Exercise aim: The task calls for every entry to be printed word for word, without the images.
+ + + + +
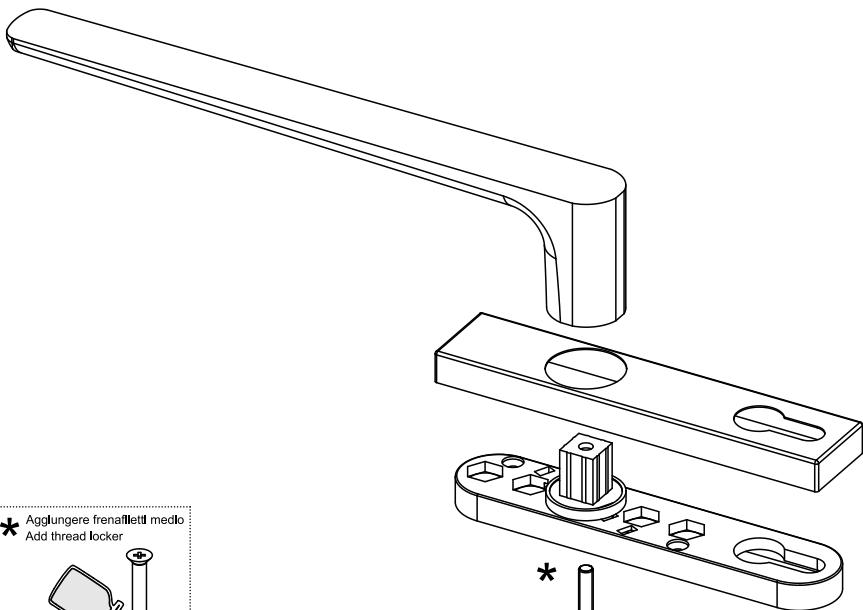

## KARMA

Martellina | Doppia Maniglia | Maniglione  
Handle | Double handle | Pull handle

3081.30

1

2

\* Aggiungere frenafletti medio  
Add thread locker

3100

1
+ + + + +
Exercise answer:
## KARMA

Martellina | Doppia Maniglia | Maniglione  
Handle | Double handle | Pull handle

3081.30

1

2

\* Aggiungere frenafletti medio  
Add thread locker

3100

1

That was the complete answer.